Task - Return each line of the data below verbatim; pictures are to be left out.

Data shown -

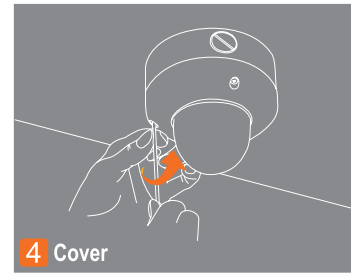

It's quick. It's easy!

Snapit

Easy Installation 1 2 3 4

1 Junction Box Installation

2 Snap It

3 Adjustment

4 Cover

Vandal Dome Camera V4363DH

Completed exercise -
It's quick. It's easy!

Snapit

Easy Installation 1 2 3 4

1 Junction Box Installation

2 Snap It

3 Adjustment

4 Cover

Vandal Dome Camera V4363DH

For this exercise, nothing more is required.